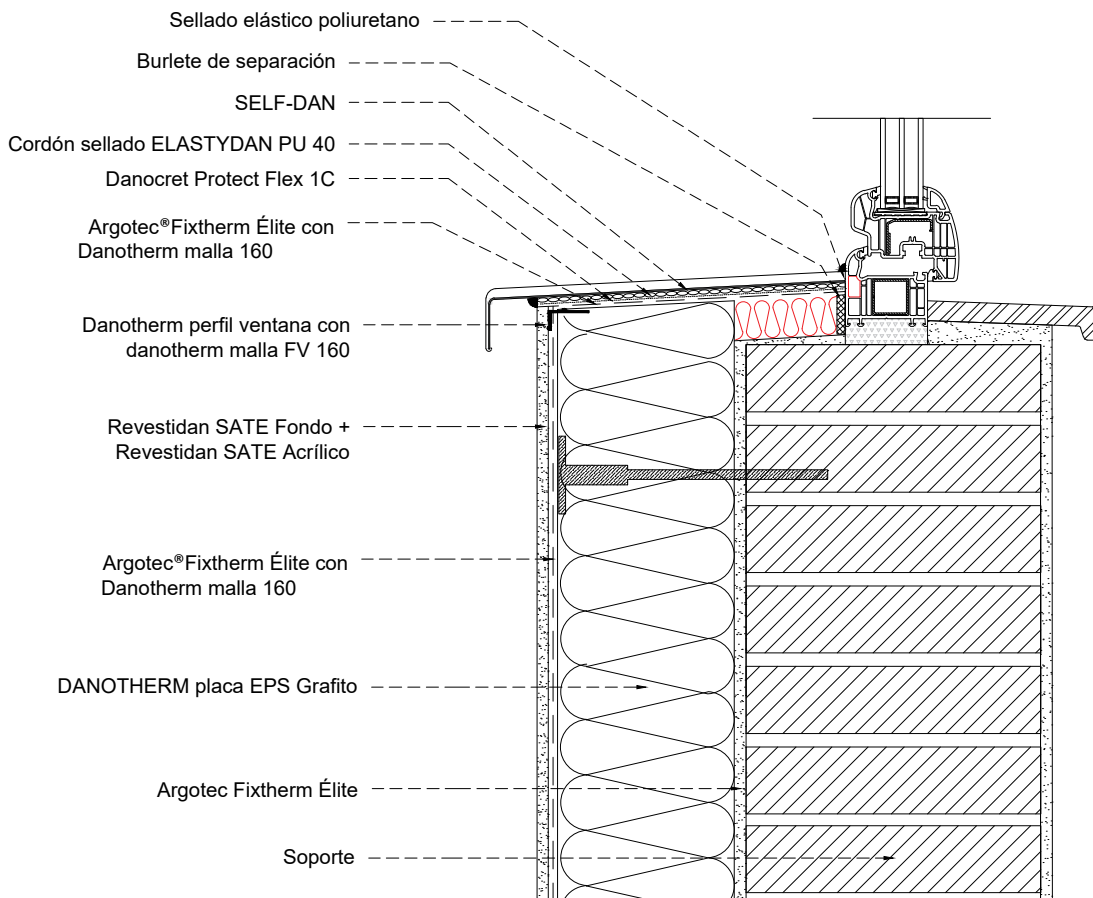

Fijación aislamiento:

Argotec®Fixtherm Élite

Plancha EPS

Protección aislamiento:

Argotec®Fixtherm Élite con

Danotherm malla 160

Acabados:

Revestidan®Sate Fondo

Revestidan®Sate Acrílico/ SLX o Siliconado

	Proyecto:
Detalle: DETALLE CARPINTERÍA MURO	
DEPARTAMENTO TÉCNICO	Fecha:
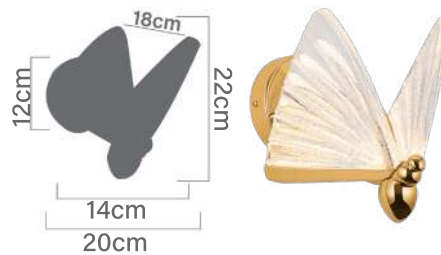

ARANDELA WING

5W
300 LÚMENS
LED INTEGRADO

CÓDIGO DO PRODUTO:

A-WING-GOLD

3.000K
Iluminação Decorativa

Material:
Corpo metal dourado banhado
Difusor em acrílico
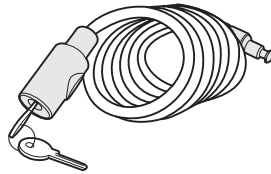

538

Kabelschloss
Locking wire

*What the exercise asks*: Each line from the one with "Corpo metal dourado banhado" to the last line of the listing should be returned exactly, both ends included, and no picture with them.

*Exercise result*:
Corpo metal dourado banhado
Difusor em acrílico

538

Kabelschloss
Locking wire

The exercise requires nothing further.